El siglo XVIII también se muestra dividido. En 1744, en Ámsterdam, el autor de la Controversia sobre el alma de la mujer declara que «la mujer, creada únicamente para el hombre, cesará de ser al término del mundo, porque dejará de ser útil para el objeto con que fue creada, de donde se infiere necesariamente que su alma no es inmortal». De una manera un poco menos radical, Rousseau, que se hace aquí intérprete de la burguesía, consagra la mujer a su marido y a la maternidad. «Toda la educación de la mujer debe ser relativa al hombre... La mujer está hecha para ceder al hombre y para soportar sus injusticias», afirma. Sin embargo, el ideal democrático e individualista del siglo XVIII es favorable a las mujeres, que para la mayoría de los filósofos son seres humanos iguales a los del sexo fuerte. Voltaire denuncia la injusticia de su suerte. Diderot considera que su inferioridad ha sido en gran parte hecha por la sociedad. «¡Mujeres, os compadezco!», escribe. Considera que: «En todas las costumbres, la crueldad de las leyes civiles se ha concitado con la crueldad de la Naturaleza contra las mujeres, que han sido tratadas como seres imbéciles.» Montesquieu estima, paradójicamente, que las mujeres deberían estar subordinadas al hombre en la vida del hogar, pero que todo las dispone para una acción política. «Es contrario a la razón y la Naturaleza que las mujeres sean amas de casa... No lo es que gobiernen un imperio.» Helvecio sostiene que es lo absurdo de su educación lo que crea la inferioridad de la mujer, y D'Alambert comparte esa opinión.
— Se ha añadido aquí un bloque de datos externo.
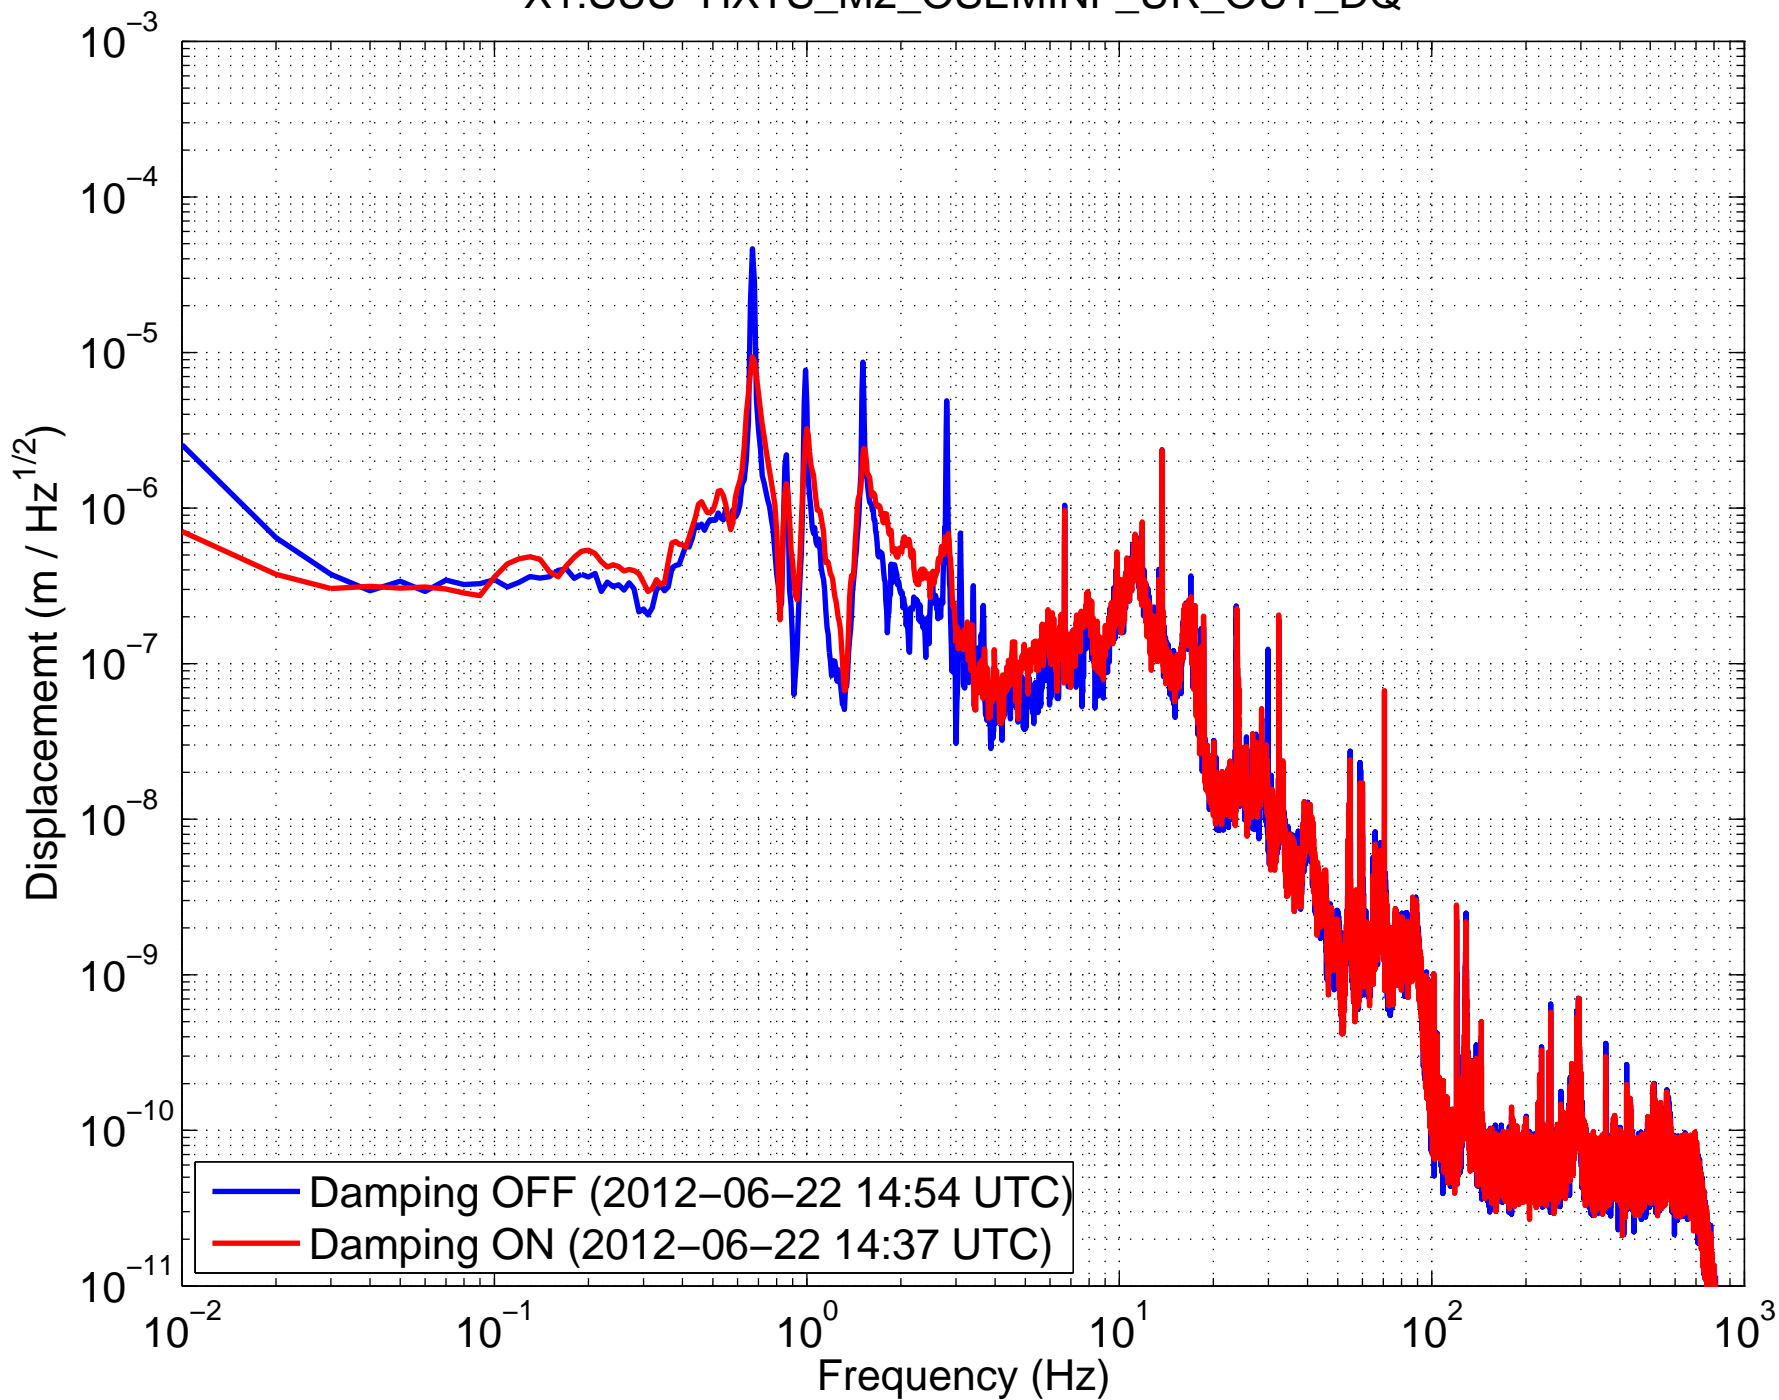

X1SUSPR2 (HSTS) Amplitude Spectral Density
X1:SUS-HXTS_M2_OSEMINF_LL_OUT_DQ

X1SUSPR2 (HSTS) Amplitude Spectral Density
X1:SUS-HXTS_M2_OSEMINF_LR_OUT_DQ

X1SUSPR2 (HSTS) Amplitude Spectral Density
X1:SUS-HXTS_M2_OSEMINF_UL_OUT_DQ

X1SUSPR2 (HSTS) Amplitude Spectral Density
X1:SUS-HXTS_M2_OSEMINF_UR_OUT_DQ

X1SUSPR2 (HSTS) Amplitude Spectral Density
X1:SUS-HXTS_M2_WIT_L_DQ

X1SUSPR2 (HSTS) Amplitude Spectral Density

X1:SUS-HXTS_M2_WIT_P_DQ
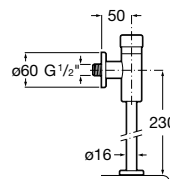

Fluxómetros / Para urinóis

Fluxómetro Aqualine Confort
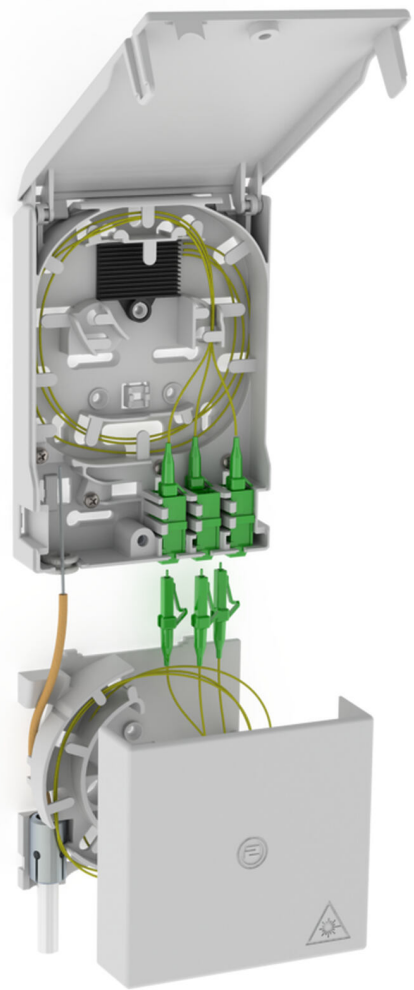

Üvegszál végpontja

kábelhosszabbító dobozzal

2LINE G-BOX GF-AP Set4

Cikksz.: 3030354972, GTIN: 4052487227438

Akár 6 LC/APC-huzalkivezetés és 3 LC-duplexcsatlakozás felvételéhez.

A kép eltérhet a kiválasztott terméktől

TÉNYEK

Előnyök:

- nem kívánt gyengülések nélküli gyors és egyszerű csatlakozás az optimális szálvezetésnek köszönhetően

Szállítási terjedelem:

- Példa: 2LINE G-BOX GF-AP Set6 + KUEB
- 1 darab üvegszálvégpont 12-szeres toldótálcával.
- 3 darab LC/APC-duplexcsatlakozás
- 6 darab LC/APC-huzalkivezetés
- 1 darab kábelhosszabbító doboz
- Rögzítő- és záróanyag

Méretetek:

- Gf-AP (MaxSzéxMé): 135x96x27 mm
- KÜB (MaxSzéxMé): 90x96x27 mm

Tulajdonságok:

- Akár 3 LC-duplexcsatlakozás és 6 LC-huzalkivezetés felvétele
- kábelek túl nagy hosszának lerakásához

Nyersanyag:

- PC/ABS-FR

TULAJDONSÁGOK

Sajátosság: Gf-AP inkl. 4x LC/APC Pigtails

KÉPEK
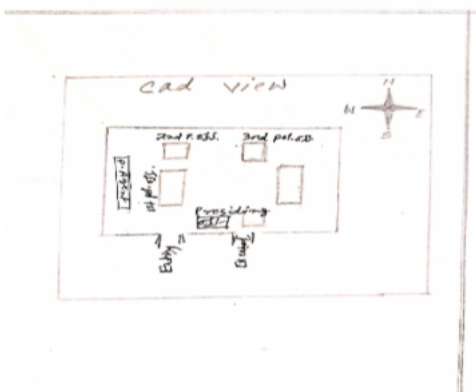

নিৰ্বাচক পঞ্জীয়ন বিষয়াৰ স্বাক্ষৰ

Nazri Naksha

Google Map View

Polling Station Building Front View

ভোটগ্রহন কেন্দ্রৰ সন্মুখৰ দৃশ্য

Cad View

Key MAP View

<p>1 নাম : হৰমোহন দাস পিতাৰ নাম: দেবদাস দাস ঘৰ নং : ১৬০ বয়স : ৪২ লিঙ্গ : পুৰুষ</p>	DTK2290973	<p>2 নাম : লিলিমাই দাস পিতাৰ নাম: হৰমোহন দাস ঘৰ নং : ১৬০ বয়স : 47 লিঙ্গ : মহিলা</p>	DTK2290995	<p>3 নাম : ক্ষীৰকান্ত দাস পিতাৰ নাম: হৰমোহন দাস ঘৰ নং : ১৬০ বয়স : 45 লিঙ্গ : পুৰুষ</p>	DTK2291001
<p>4 নাম : দেউৰাম দাস পিতাৰ নাম: হৰমোহন দাস ঘৰ নং : ১৬০ বয়স : 40 লিঙ্গ : পুৰুষ</p>	DTK2291012	<p>5 নাম : জোনালী দাস স্বামীৰ নাম: ক্ষীৰকান্ত দাস ঘৰ নং : ১৬০ বয়স : 35 লিঙ্গ : মহিলা</p>	DTK0660498	<p>6 নাম : ফুলেশ্বৰী দাস পিতাৰ নাম: হৰমোহন দাস ঘৰ নং : 160 বয়স : 33 লিঙ্গ : মহিলা</p>	DTK2291023
<p>7 নাম : বেখা দাস স্বামীৰ নাম: দেউৰাম দাস ঘৰ নং : ১৬০ বয়স : 31 লিঙ্গ : মহিলা</p>	DTK0271452	<p>8 নাম : বিজমণী দাস মাতৃৰ নাম: লিলিমাই দাস ঘৰ নং : ১৬০ বয়স : 31 লিঙ্গ : মহিলা</p>	DTK1166511	<p>9 নাম : পুনিমাই দাস স্বামীৰ নাম: গোলাপ দাস ঘৰ নং : ১৬১ বয়স : 57 লিঙ্গ : মহিলা</p>	DTK2291045
<p>10 নাম : প্রদীপ দাস পিতাৰ নাম: গোলাপ দাস ঘৰ নং : ১৬১ বয়স : 38 লিঙ্গ : পুৰুষ</p>	DTK2291056	<p>11 নাম : মঞ্জু দাস স্বামীৰ নাম: প্রদীপ দাস ঘৰ নং : ১৬১ বয়স : 34 লিঙ্গ : মহিলা</p>	DTK0271353	<p>12 নাম : তিলক চন্দ্ৰ দাস পিতাৰ নাম: গোলাপ দাস ঘৰ নং : ১৬১ বয়স : 31 লিঙ্গ : পুৰুষ</p>	DTK0052969
<p>13 নাম : সঙ্গীতা দাস স্বামীৰ নাম: তিলক চন্দ্ৰ দাস ঘৰ নং : ১৬১ বয়স : 30 লিঙ্গ : মহিলা</p>	DTK0462374	<p>14 নাম : বঞ্জমণি দাস স্বামীৰ নাম: চুনাৰাম দাস ঘৰ নং : ১৬১ ক বয়স : 26 লিঙ্গ : মহিলা</p>	DTK1397587	<p>15 নাম : মোহন দাস মাতৃৰ নাম: মালতী দাস ঘৰ নং : ১৬১ ক বয়স : 23 লিঙ্গ : পুৰুষ</p>	DTK1384304
<p>16 নাম : মালতী দাস স্বামীৰ নাম: বেবত দাস ঘৰ নং : ১৬১ ক বয়স : 47 লিঙ্গ : মহিলা</p>	DTK0450742	<p>17 নাম : বতন দাস পিতাৰ নাম: বেবত দাস ঘৰ নং : ১৬১ ক বয়স : 29 লিঙ্গ : পুৰুষ</p>	DTK0294280	<p>18 নাম : অনামিকা দাস স্বামীৰ নাম: বতন দাস ঘৰ নং : 161 ক বয়স : 23 লিঙ্গ : মহিলা</p>	FRU0169276
<p>19 নাম : চুনা মনি দাস পিতাৰ নাম: বেবত দাস ঘৰ নং : ১৬১(ক) বয়স : 33 লিঙ্গ : পুৰুষ</p>	DTK0052878	<p>R 20 নাম : মনি দাস অন্যান্য: কমল দাস ঘৰ নং : ১৬২ বয়স : ৪৪ লিঙ্গ : মহিলা</p>	DTK2291078	<p>21 নাম : ৰূপনাৰায়ন দাস পিতাৰ নাম: লালিৰবি দাস ঘৰ নং : ১৬৩ বয়স : 57 লিঙ্গ : পুৰুষ</p>	DTK2291089
<p>22 নাম : ৰাজনাৰায়ন দাস পিতাৰ নাম: লালিৰবি দাস ঘৰ নং : ১৬৩ বয়স : 53 লিঙ্গ : পুৰুষ</p>	DTK2291103	<p>23 নাম : ক্ষীৰমাই দাস স্বামীৰ নাম: ৰূপনাৰায়ন দাস ঘৰ নং : ১৬৩ বয়স : 45 লিঙ্গ : মহিলা</p>	DTK2291090	<p>24 নাম : ধনেশ্বৰী দাস স্বামীৰ নাম: ৰাজনাৰায়ন দাস ঘৰ নং : ১৬৩ বয়স : 44 লিঙ্গ : মহিলা</p>	DTK2291114
<p>25 নাম : ভৰত দাস পিতাৰ নাম: লালিৰবি দাস ঘৰ নং : ১৬৩ বয়স : 42 লিঙ্গ : পুৰুষ</p>	DTK2291158	<p>26 নাম : জিতেন্দ্ৰ দাস পিতাৰ নাম: লালি ৰবি দাস ঘৰ নং : ১৬৩ বয়স : 40 লিঙ্গ : পুৰুষ</p>	DTK0054106	<p>27 নাম : পুটল দাস পিতাৰ নাম: ৰূপনাৰায়ন দাস ঘৰ নং : ১৬৩ বয়স : 30 লিঙ্গ : পুৰুষ</p>	DTK0012926
<p>28 নাম : পিংকু দাস পিতাৰ নাম: ৰূপনাৰায়ন দাস ঘৰ নং : ১৬৩ বয়স : 28 লিঙ্গ : পুৰুষ</p>	DTK0274761	<p>29 নাম : বুদ্ধেশ্বৰ দাস পিতাৰ নাম: ৰূপনাৰায়ন দাস ঘৰ নং : 163 বয়স : 27 লিঙ্গ : পুৰুষ</p>	DTK2459667	<p>30 নাম : দীপ দাস পিতাৰ নাম: ৰাজনাৰায়ন দাস ঘৰ নং : 163 বয়স : 25 লিঙ্গ : পুৰুষ</p>	FRU0044222

En una mujer, madame de Ciray, se ve apuntar tímidamente un feminismo económico. Mas, aparte de Mercier en su Tableau de Paris, apenas hay otro que se indigne ante la miseria de las obreras y que aborde así la cuestión fundamental del trabajo femenino. Condorcet quiere que las mujeres tengan acceso a la vida política. Las considera como iguales al hombre y las defiende contra los ataques clásicos: «Se ha dicho que las mujeres... carecían de un adecuado sentimiento de la justicia, que más bien obedecían a sus sentimientos que a su conciencia... (Pero) la educación y la existencia social son las causantes de esa diferencia, no la Naturaleza.» Y en otro lugar: «Cuanto más esclavizadas han sido las mujeres por las leyes, más peligroso ha sido su imperio... Ese imperio disminuiría si las mujeres tuviesen menos interés en conservarlo, si dejase de ser para ellas el único medio de defenderse y escapara la opresión.»